The slowdown in the work I talked about yesterday all focused on a simple enough part of the tower build, the house bracket.  Makers of consumer radio towers generally insist on a house bracket because it reduces the amount of torque applied at the base trying to collapse the tower.  Virtually every TV antenna mast uses a house bracket so the simple ones are big box hardware store items.  This one is more than a bit different and totally custom.

Back in '16 while I was working on replacing the rusting out pole, I made a fairly accurate model of the tower and antennas to help me nail down the geometry and treat it as mechanical design statics problem.  Along the way, I made a model of the house bracket and how the tower is secured. 
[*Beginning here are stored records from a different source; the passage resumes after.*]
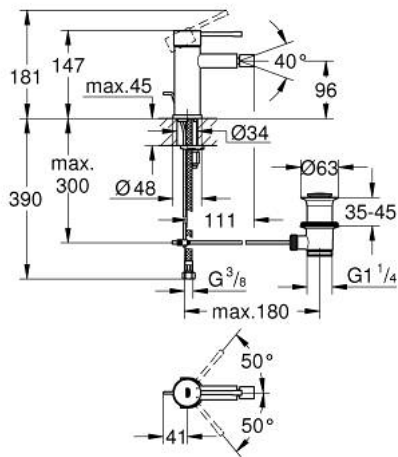

## 32 935 DC1 ESSENCE SINGLE-LEVER BIDET MIXER 1/2" S-SIZE

### PRODUCT DESCRIPTION

- Tyc: supersteel
- single hole installation
- metal lever
- GROHE SilkMove 28 mm ceramic cartridge
- with temperature limiter
- GROHE LongLife finish
- GROHE FastFixation Plus installation system
- ball-joint mousseur
- pop-up waste set 1 1/4"
- flexible connection hoses
- min. recommended pressure 1.0 bar

### SPARE PARTS

- 1: Lever (Spare part-nr. 46917DC0)
  - 2: Fitting ring (Spare part-nr. 46715000)
  - 3: Cartridge (Spare part-nr. 46580000)
  - 4: Pop-up rod (Spare part-nr. 46739EN0)
  - 5: Mousseur (Spare part-nr. 13998000)
  - 7: Shank mounting kit (Spare part-nr. 46645000)
  - 8: Waste set 1 1/4" (Spare part-nr. 28910DC0)
  - 8.1: Plug (Spare part-nr. 07182DC0)
  - 8.2: Eccentric rod (Spare part-nr. 07052000)
  - 9: Mounting wrench (Spare part-nr. 19017000)\*
  - 10: Eccentric rod (Spare part-nr. 07341000)\*
- \* Optional accessories
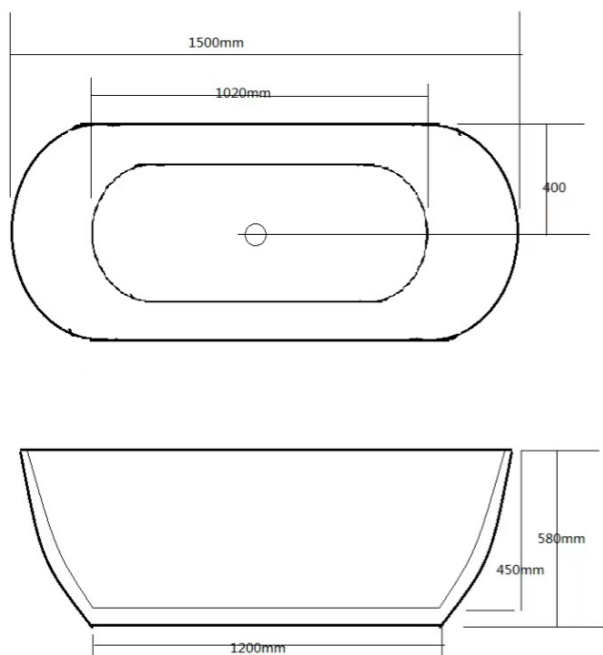

Free Standing Bathtub

PRODUCT SPECIFICATIONS

- Dimension : 1500 (L) x 800 (W) x 580 (H) mm
- Material : Acrylic

Product Technical Drawing

Copyright © Rigel Technology (S) Pte Ltd All rights reserved.

Rev	0.2
Date	18.05.2020
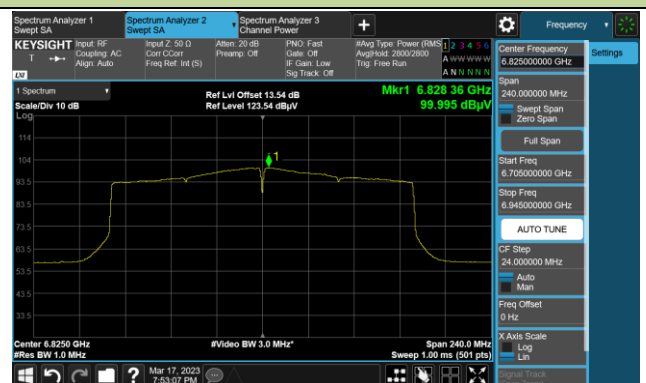

Channel 15 (6025MHz)

Channel 47 (6185MHz)

Channel 79 (6345MHz)

Channel 111 (6505MHz)

Channel 143 (6665MHz)

Channel 175 (6825MHz)

Channel 207 (6985MHz)

A.5 In-Band Emission Measurement

Test Site	SIP-AC2	Test Engineer	Arvin Ding
Test Date	2023-03-21		

802.11a Channel 1 (5955MHz)

Channel 49 (6195MHz)

Channel 93 (6415MHz)

802.11a

Channel 97 (6435MHz)

The Reference Level

The Mask Data
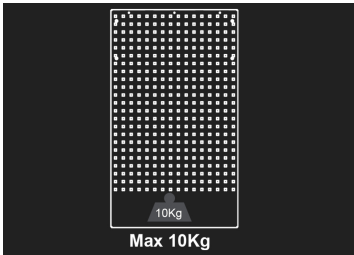

## 87D1116AKB

### Perforated panel

- For 1 corner base unit
- Blue front, gloss finish

	Dimensions W x D x H (mm)	Color	Weight (kg)
87D1116AKB	798 x 24 x 1052	Blue	6.9
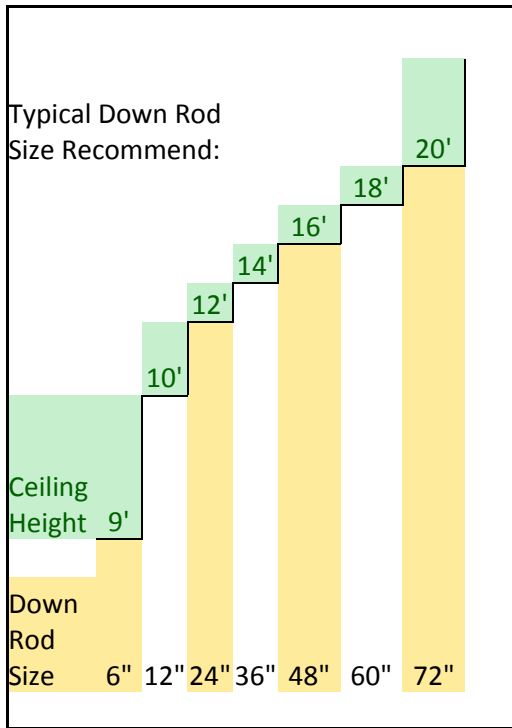

Black All Weather Ceiling Fan Blades.
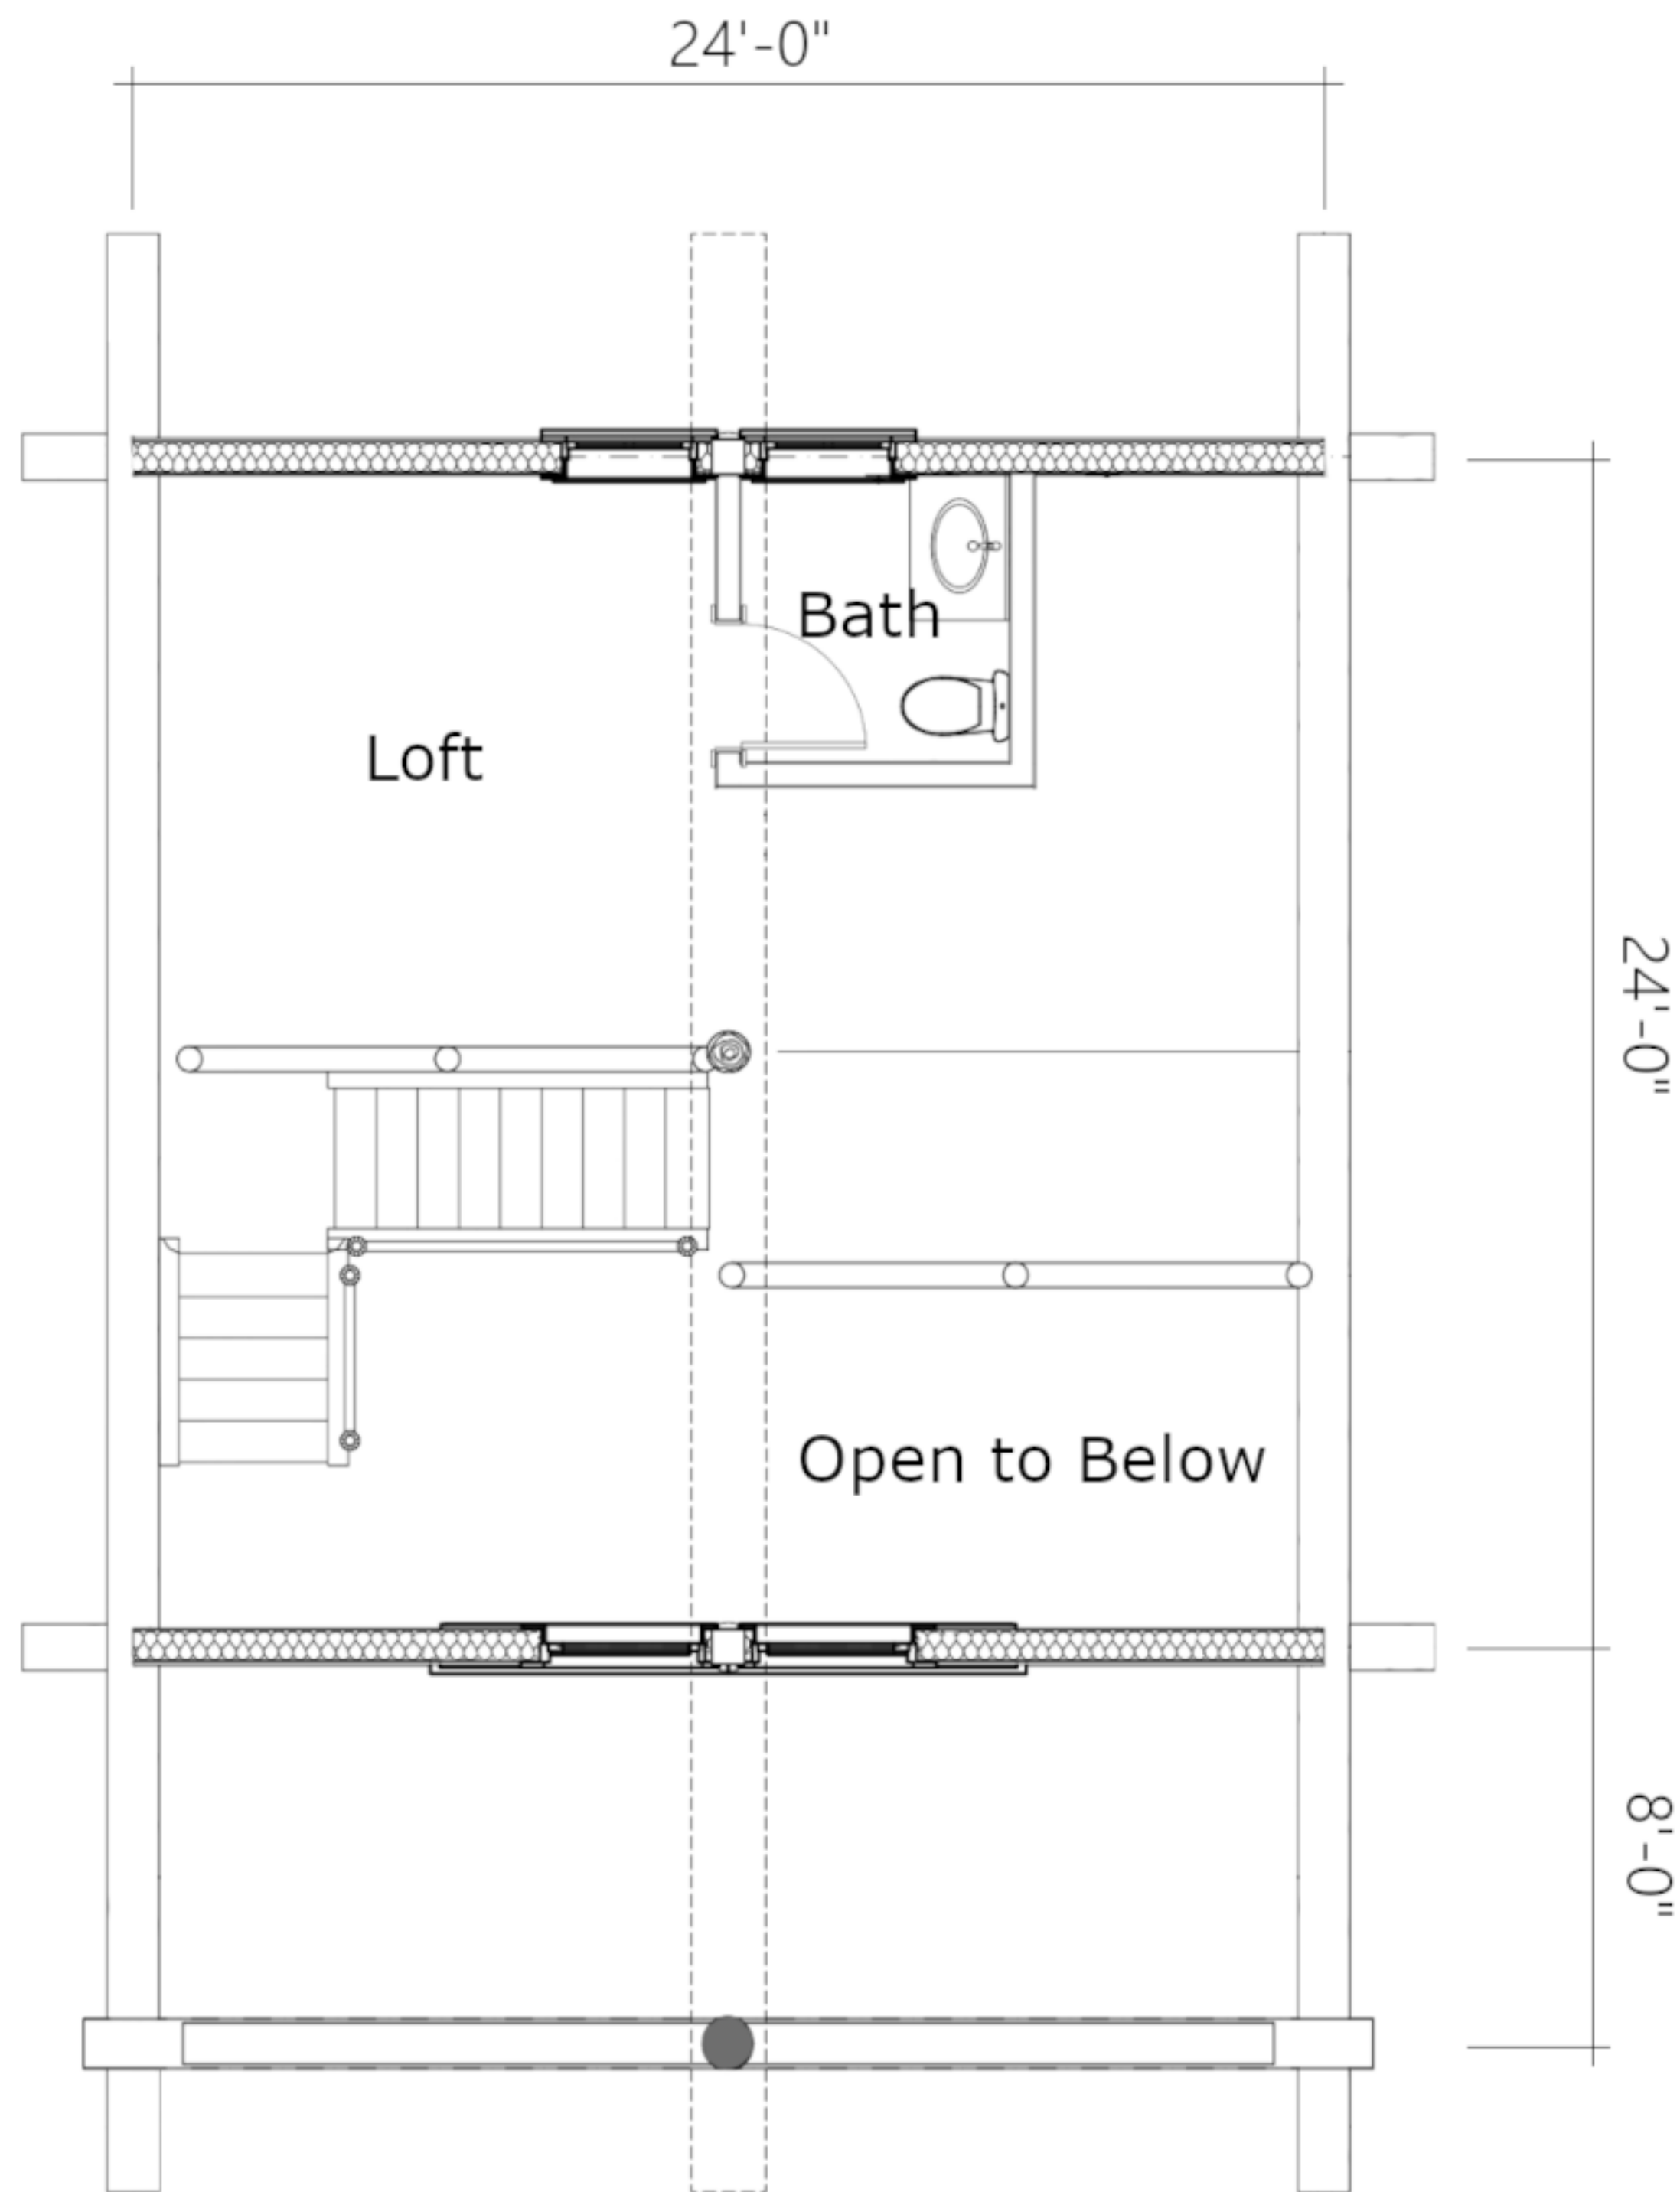

Bridge Lake

LIVING AREA: 576 SF  
DECKS: 192 SF

**Bridge Lake**  
MAIN FLOOR PLAN

LIVING AREA: 360 SF

**Bridge Lake**  
SECOND FLOOR PLAN

The view is as if you were on roof looking down onto the bracket, which is in white.  The house is transparent but the side of the bracket facing the house mounts to the house eaves and is lag bolted into the roof trusses.  All of that bracket is 1" angle iron, and those corners were welded for me by a friend long before I started doing any metal working as hobby (and I still don't have a welder).   The red rectangle is a 2x4, split lengthwise, that clamps around the tower legs as you can see.   The inner half (bracket side) of the 2x4 is held to the bracket with a pair of 5/16"-18 bolts through the vertical portion you can barely see, and the outer half clamps to the inner with a pair of lag bolts.   I ordinarily make those from a chunk of pressure treated 2x4 but last time I used plain wood because I didn't have any PT on hand.
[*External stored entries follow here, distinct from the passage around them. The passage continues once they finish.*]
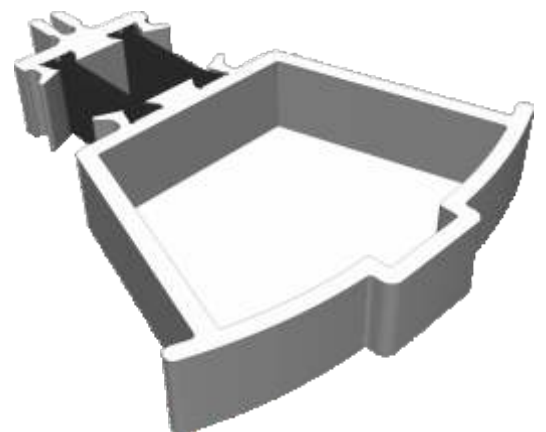

ETC517 - 25mm Coupler For 70mm Frame

ETC047 - 47mm Corner Post

ETC048 - 70mm Corner Post

Bay Poles

ETC040 - 120° - 136° (For 70mm Frames Only)

ETC041 - 137° - 155° (For 70mm Frames Only)

ETC042 - 156° - 170° (For 70mm Frames Only)

Bay Poles & Adapters

ETC869 - Circular Bay Pole (For 70mm or 47mm Frames)

ETC150 - Circular Bay Pole Adapter For 70mm Frames

ETC043 - Bay Pole Adapter

ETC044 - Bay Pole Internal Trim

Cills

ETC451 - 85mm Cill
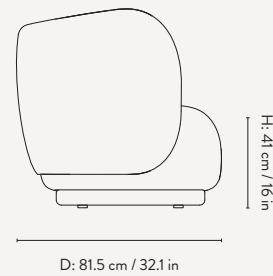

RICO SOFA 2-SEATER

Design by ferm LIVING

PRODUCT DETAILS

Manufactured in Italy

DIMENSIONS

Height: 79 cm / 31.1 in
Width: 150 cm / 59 in
Depth: 81.5 cm / 32.1 in
Back height: 73 cm / 28.7 in
Seat height: 41 cm / 16 in
Seat depth: 58 cm / 22.8 in
Weight: 70 kg

MATERIALS & CONSTRUCTION

Backrest: Moulded foam with inner iron structure
Seat: Polyurethane foam with inner wooden structure
Feet: Low density polyethylene

CARE

Please see Care & Maintenance guide on www.fermliving.com

PACKSIZE

1

TEST

EN 16139:2013

Furniture - Strength, durability, stability and safety
Requirements for non-domestic seating

Foam fire rating:

CAL117-2013 - pass

BS 5852 Crib5 - on request

CUSTOMISATION OPTIONS

FABRIC QUALITIES

To see the specifications of each fabric and available colour assortment please go to overview on page 22

It's barely visible in this drawing, but the house bracket actually tilts down a few degrees because it's mounted to the house eaves.  That means the left piece of is downhill and that piece of angle iron accumulates water.  Water means rust and it was worse than expected.  It was time to re-wire brush, and re-apply rust treating primer.  I did that yesterday and painted over the black primer with the white trim paint today.  While taking the 2x4 off yesterday, so I could wire brush and prime the outside face of that piece of angle iron, a piece broke off the 2x4.  Which suddenly meant it was time to remake that, and I had no end of little problems making that piece.  I should probably paint 2x4, too, although that's less urgent.

Pretty much all of the painting was done by 1 PM and I searched for anything else to redo while the antennas were accessible.  Late in the day, it was time to crank the tower back up and make sure everything went together as it should.  Happily, it did.
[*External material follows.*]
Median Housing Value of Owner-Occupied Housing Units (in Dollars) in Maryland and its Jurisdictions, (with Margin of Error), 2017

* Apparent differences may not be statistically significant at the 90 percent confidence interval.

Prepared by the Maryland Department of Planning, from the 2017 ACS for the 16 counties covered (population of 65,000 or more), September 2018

This is the house bracket assembled  - the tower bears the "scars" of earlier trim paint.  I should really clean that off, one of these days.  It's just inconvenient enough to reach that I don't get to it. 

Finally, I re-swept the antenna and the data was almost identical to what I got yesterday with it pointed up.  After the test data looked good, I turned on the station and verified the radio was happy with it, and it was.  It was almost ecstatic.  For a radio.

Finally, the completed installation.  The new antenna (Directive Systems Engineering DSEJX5-50) is the one at the top, the lower antenna is my HF log periodic (LPDA) array, a Tennadyne T6.  The way that the two antennas are mounted on opposite sides of the vertical mast adds some oddness to this perspective, which is pretty odd anyway.

For some time, I've been pondering replacing that house bracket with one made from aluminum to avoid the rust.  Eventually that rust I fight every couple of years is going to force my hand and that bracket will have to be remade.  I've thought it would be be better to perhaps machine the interface so that I don't need the 2x4 clamp, something that could maybe slip over the bracket and the tower cross bar (visible just below the 2x4 in that middle picture) and not even require hardware.  Maybe just held in place by gravity.  And maybe that's hoping for too much.  Either way, it's not something that needs to be done immediately and can be thought about.  All my antenna projects tend to start with the phrase "when it cools off" - maybe it's a next year project. 



13 comments:

  1. Nice. I've always envied guys with towers. I lost that argument with Mrs. Freeholder before it ever started.

    I've got my new vertical (Hustler 6BTV with a lot of DX Engineering addons) up and am testing now. I can finally reliably get to South America. Going north isn't looking so hot, however. East-west is still an open question, but east is looking favorable.

    I think after a week or two, I'll know how I want to change the tune, and I'll add on the 12 and 17 meter kits. But unlike you, I may be waiting for it to warm up.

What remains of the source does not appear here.